I create a CGI script that polls an SQLite database and builds a statistics table. Below is a table of the source database, as well as a snippet of the corresponding code. Everything works (functionally), but CGI itself is very slow since I have several nested SELECT COUNT(id) calls. I believe that my best bet in optimization is to ask the SO community, since my time with Google was relatively fruitless.
Table:
CREATE TABLE messages ( id TEXT PRIMARY KEY ON CONFLICT REPLACE, date TEXT, hour INTEGER, sender TEXT, size INTEGER, origin TEXT, destination TEXT, relay TEXT, day TEXT);
(Yes, I know that the table is not normalized, but it is filled with excerpts from the mail journal ... I was pleased to receive the extract and fill the work, not to mention normalizing it.
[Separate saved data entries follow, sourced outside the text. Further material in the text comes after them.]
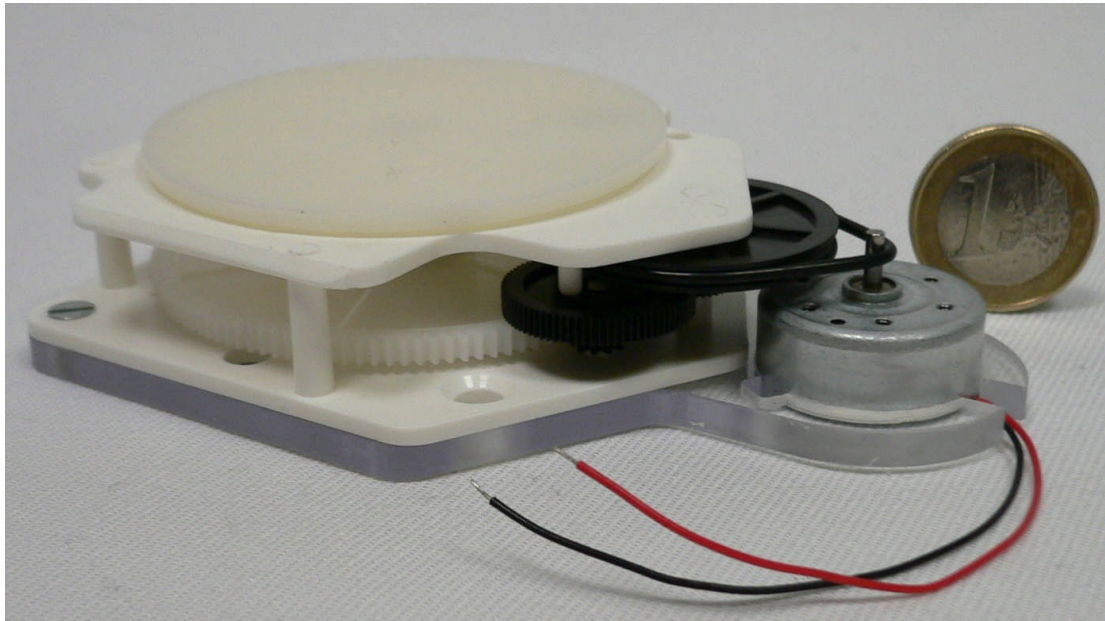

SBM - Drive for Slim Line Turntable with 2,5 rpm

Views and measures of SBM slim line turntable:

SBM top view

SBM back view

SBM side view

Power supply for SBM:

SBM power supplies

Supported by batteries (type D-cell, C-cell or AA-cell) or by power jack with mains adapter (number of batteries and holder depend on required run time and load - 1.5 to 4.5 volts)

I do not think that the table structure has much in common with my question at the moment, but I could be wrong.)
Example line:
476793200A7|Jan 29 06:04:47|6| admin@mydomain.com |4656|web02.mydomain.pvt| user@example.com |mail01.mydomain.pvt|Jan 29
And, the Python code that builds my tables:
#!/usr/bin/python print 'Content-type: text/html\n\n' from datetime import date import re p = re.compile('(\w+) (\d+)') d_month = {'Jan':1,'Feb':2,'Mar':3,'Apr':4,'May':5,'Jun':6,'Jul':7,'Aug':8,'Sep':9,'Oct':10,'Nov':11,'Dec':12} l_wkday = ['Mo','Tu','We','Th','Fr','Sa','Su'] days = [] curs.execute('SELECT DISTINCT(day) FROM messages ORDER BY day') for day in curs.fetchall(): m = p.match(day[0]).group(1) m = d_month[m] d = p.match(day[0]).group(2) days.append([day[0],"%s (%s)" % (day[0],l_wkday[date.weekday(date(2010,int(m),int(d)))])]) curs.execute('SELECT DISTINCT(sender) FROM messages') senders = curs.fetchall() for sender in senders: curs.execute('SELECT COUNT(id) FROM messages WHERE sender=%s',(sender[0])) print ' <div id="'+sender[0]+'">' print ' <h1>Stats for Sender: '+sender[0]+'</h1>' print ' <table><caption>Total messages in database: %d</caption>' % curs.fetchone()[0] print ' <tr><td> </td><th colspan=24>Hour of Day</th></tr>' print ' <tr><td class="left">Day</td><th>%s</th></tr>' % '</th><th>'.join(map(str,range(24))) for day in days: print ' <tr><td>%s</td>' % day[1] for hour in range(24): sql = 'SELECT COUNT(id) FROM messages WHERE sender="%s" AND day="%s" AND hour="%s"' % (sender[0],day[0],str(hour)) curs.execute(sql) d = curs.fetchone()[0] print ' <td>%s</td>' % (d>0 and str(d) or '') print ' </tr>' print ' </table></div>' print ' </body>\n</html>\n'
I'm not sure if there are any ways to combine some of the queries or approach from a different angle to extract the data. I also thought about creating a second table with accounts in it and just updating it when updating the original table. I have been looking at this for too long, so tomorrow I am going to attack him again, I hope, with some understanding of experts;)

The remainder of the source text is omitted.